In this essay, Dr. Ana M. Soto relates the pathways of her career that led her to become a highly cited author in the field of Environment & Ecology. Dr. Soto has 10 papers with a total of 1,448 citations listed in ESI, placing her among the 10 most-cited authors of her particular field. Dr. Soto is a Professor of Anatomy and Cellular Biology at the Tufts University School of Medicine in Boston, Massachusetts. Research in her lab focuses on control of cell proliferation and environmental reproductive toxicology.

The road to scientific discovery is not necessarily a straight one. In 1989, I became a "toxicologist by accident." My partner, Dr. Carlos Sonnenschein, and I had been working for almost two decades, trying to understand how cell proliferation is controlled in multicellular organisms. We had chosen sex steroids (estrogens and androgens) as models because they specifically regulate the proliferation of their target cells. Our experiments indicated that proliferation Dr. Ana M. Sotowas a constitutive property of cells in multicellular organisms. This is accepted as a truism for unicellular organisms, but it was contrary to dogma for multicellular ones. Evidence collected in our lab suggested that estrogens induce cell proliferation by blocking the action of a blood-borne inhibitor, which we began to purify through a bioassay. When the inhibitor was present, the target cells were inhibited from proliferating; when we added estrogen (estradiol-17beta), they proliferated maximally. Then, one day this was suddenly no longer the case; the cells began to proliferate, regardless of the presence of estradiol. We investigated this puzzle by substituting all the components of the assay until we found that the problem was due to estrogenic activity released from the plastic tubes used to store culture media components. The manufacturers of the plastic acknowledged that the problem was due to a change in the plastic’s formulation. However, they refused to identify the chemical, adducing proprietary reasons. We later identified the estrogenic compound as nonylphenol, an antioxidant also used in the synthesis of detergents (Soto, et al., Environ. Health Perspect., 92:167-73, May 1991). This was the first of a series of non-chlorinated estrogenic chemicals found to be present in the environment, and also the first of many identified in plastics since then by others and by us.

We also realized that our assay for identifying the blood-borne inhibitor of the proliferation of estrogen target cells could be used to identify estrogenic chemicals. We called it the "E-SCREEN" assay. We used this assay to assess which of a series of about 100 chemicals that are used in large volumes and end up in the environment were estrogenic; this research produced a surprisingly large number of "true" positives. We also showed that xenoestrogens of disparate chemical structures could act additively (Soto, et al., Environ. Health Perspect.,103:113-22, Suppl. 7, October 1994; Soto, et al., Environ. Health Perspect., 102[4]:380-3, April 1994).

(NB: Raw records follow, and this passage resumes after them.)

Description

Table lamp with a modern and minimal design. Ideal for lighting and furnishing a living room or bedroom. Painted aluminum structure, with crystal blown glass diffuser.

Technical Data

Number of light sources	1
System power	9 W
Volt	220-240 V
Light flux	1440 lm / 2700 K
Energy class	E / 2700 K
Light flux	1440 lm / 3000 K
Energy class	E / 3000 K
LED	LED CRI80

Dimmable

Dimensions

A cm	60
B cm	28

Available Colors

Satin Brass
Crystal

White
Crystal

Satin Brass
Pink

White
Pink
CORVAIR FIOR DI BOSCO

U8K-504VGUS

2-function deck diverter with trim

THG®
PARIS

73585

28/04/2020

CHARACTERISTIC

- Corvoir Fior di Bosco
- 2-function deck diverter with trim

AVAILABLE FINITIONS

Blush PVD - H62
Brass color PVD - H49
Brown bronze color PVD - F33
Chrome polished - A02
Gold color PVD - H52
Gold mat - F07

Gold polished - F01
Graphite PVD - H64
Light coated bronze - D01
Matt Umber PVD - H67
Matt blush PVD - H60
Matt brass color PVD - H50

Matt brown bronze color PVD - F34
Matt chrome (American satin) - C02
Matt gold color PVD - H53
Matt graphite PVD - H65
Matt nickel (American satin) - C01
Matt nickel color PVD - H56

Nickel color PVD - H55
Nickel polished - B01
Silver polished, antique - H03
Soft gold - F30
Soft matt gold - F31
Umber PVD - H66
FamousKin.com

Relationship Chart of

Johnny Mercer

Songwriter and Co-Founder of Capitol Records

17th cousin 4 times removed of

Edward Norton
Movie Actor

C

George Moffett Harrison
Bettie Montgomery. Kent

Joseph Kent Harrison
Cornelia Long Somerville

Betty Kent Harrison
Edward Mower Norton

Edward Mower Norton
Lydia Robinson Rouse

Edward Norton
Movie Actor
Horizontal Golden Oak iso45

Later on, we combined our interest in estrogens and breast cancer with our accidental interest in xenoestrogens. We reasoned that the customary way of correlating breast cancer with exposure to a single chemical was unlikely to shed light on whether exposure to xenoestrogens is a risk factor for breast cancer. Instead, we argued, a correlation between breast cancer incidence and total xenoestrogen exposure was more realistic, since these chemicals can act additively. We developed a methodology to assess the total xenoestrogen burden in people using the E-SCREEN assay (Sonnenschein, et al., Clinical Chemistry, 41[12B]:1888-95, Suppl. S, December 1995; Soto, et al., Environ. Health Perspect., 105:647-54, Suppl. 3, April 1997). This method is being used to test the hypothesis that combined exposure to xenoestrogens is correlated with breast cancer incidence. The E-SCREEN assay is also being used to assess the presence of estrogenic activity in water.

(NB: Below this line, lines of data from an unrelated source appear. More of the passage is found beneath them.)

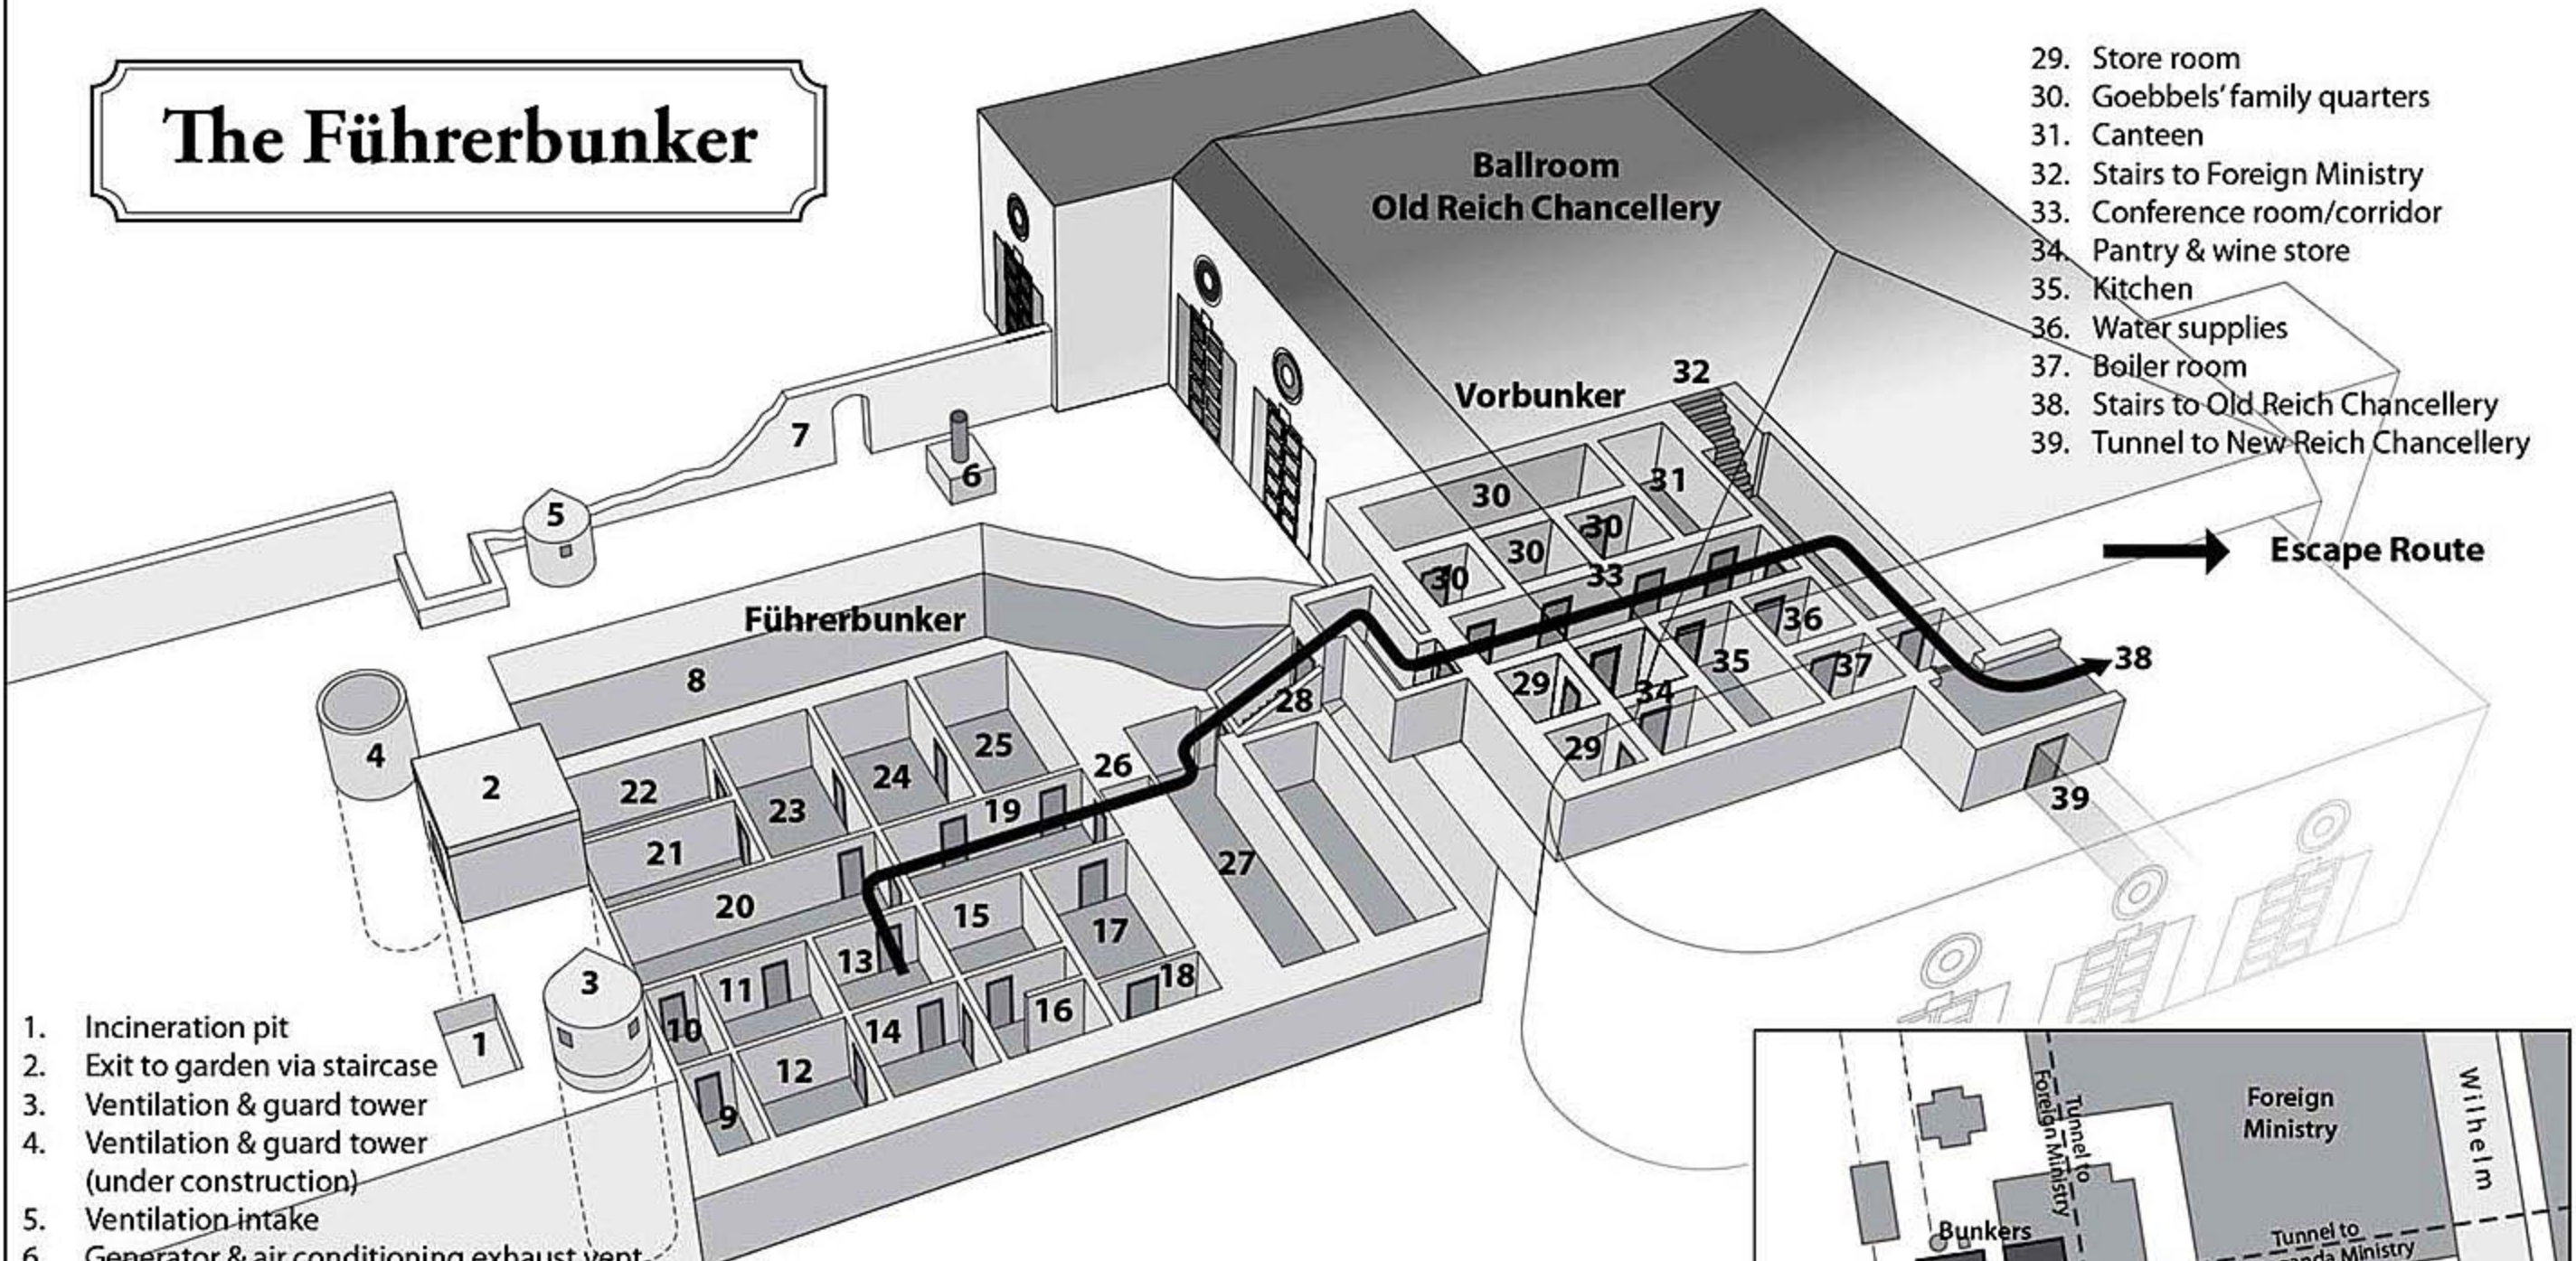

The Führerbunker

- 29. Store room
- 30. Goebbels' family quarters
- 31. Canteen
- 32. Stairs to Foreign Ministry
- 33. Conference room/corridor
- 34. Pantry & wine store
- 35. Kitchen
- 36. Water supplies
- 37. Boiler room
- 38. Stairs to Old Reich Chancellery
- 39. Tunnel to New Reich Chancellery

- 1. Incineration pit
- 2. Exit to garden via staircase
- 3. Ventilation & guard tower
- 4. Ventilation & guard tower (under construction)
- 5. Ventilation intake
- 6. Generator & air conditioning exhaust vent
- 7. Wall of Old Chancellery garden
- 8. Reinforced concrete ceiling 11ft. 3in. thick
- 9. Staircase to guard tower
- 10. Cloak room
- 11. Conference/map room
- 12. Hitler's bedroom
- 13. Hitler's office
- 14. Hitler's sitting room

- 15. Eva Braun's bedroom
- 16. Dressing/bathroom
- 17. Toilets
- 18. Electricity switching room
- 19. Corridor/lounge
- 20. Conference room
- 21. Goebbels' bedroom

- 22. Doctor's quarters
- 23. Goebbels' office & doctor's room
- 24. Telephone switchboard & Bormann's office
- 25. Generator/ventilation plant
- 26. Gas doors
- 27. Hall/lounge
- 28. Stairs to Vorbunker

Meanwhile, Dr. Nicolas Olea and his sister, Dr. Fatima Olea-Serrano, had returned to Granada, Spain. Nicolas, a physician-scientist from the University of Granada, was a Fullbright Scholar in our lab when the accidental discovery of nonylphenol took place. Fatima was also a visiting scientist in our lab during this time. After returning to Granada, they discovered that the synthetic estrogen bisphenol-A (BPA) leached into foods from the plastic linings of tin cans. Next, their friend Dr. Rosa Pulgar Encinas made us aware that BPA was also used in dental sealants and composites. We joined efforts and found that BPA leached from sealants into the saliva of the volunteers who participated in our study (Olea, et al., Environ. Health Perspect., 104:298-305, March 1996)

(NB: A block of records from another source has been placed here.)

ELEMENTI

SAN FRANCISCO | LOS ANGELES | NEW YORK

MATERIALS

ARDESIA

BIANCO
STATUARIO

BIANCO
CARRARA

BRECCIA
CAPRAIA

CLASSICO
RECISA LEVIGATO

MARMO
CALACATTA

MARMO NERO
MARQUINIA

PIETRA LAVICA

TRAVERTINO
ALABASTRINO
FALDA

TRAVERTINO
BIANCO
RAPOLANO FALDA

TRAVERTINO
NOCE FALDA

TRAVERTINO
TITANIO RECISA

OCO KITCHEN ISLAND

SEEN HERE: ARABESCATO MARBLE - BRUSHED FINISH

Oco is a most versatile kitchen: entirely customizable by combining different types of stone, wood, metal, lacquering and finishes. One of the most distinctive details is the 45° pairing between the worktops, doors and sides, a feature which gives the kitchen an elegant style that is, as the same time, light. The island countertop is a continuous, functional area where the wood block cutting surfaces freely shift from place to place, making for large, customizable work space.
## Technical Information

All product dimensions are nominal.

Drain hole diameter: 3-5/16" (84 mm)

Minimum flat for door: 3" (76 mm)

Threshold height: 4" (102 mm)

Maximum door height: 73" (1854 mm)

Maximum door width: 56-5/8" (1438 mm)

The news that nonylphenol was estrogenic resulted in my being invited to the Wingspread Conference organized by Theo Colborn in 1991. In the Wingspread Statement, the 25 scientists present at the conference concluded that "A large number of man-made chemicals that have been released into the environment, as well as a few natural ones, have the potential to disrupt the endocrine system of animals, including humans." This was the launching of the Endocrine Disruptor Hypothesis. Drs. Colborn, vom Saal, and myself decided to present this hypothesis in a paper (Colborn, et al., Environ. Health Perspect., 101[5]:378-84, October 1993) that integrated the findings discussed at Wingspread. In it, we postulated that endocrine disruptors act additively, that the developing organism is more susceptible and sensitive than the adult organism is to the effects of excess levels of hormones, and that low, environmentally relevant levels of hormonally active chemicals can alter fetal development.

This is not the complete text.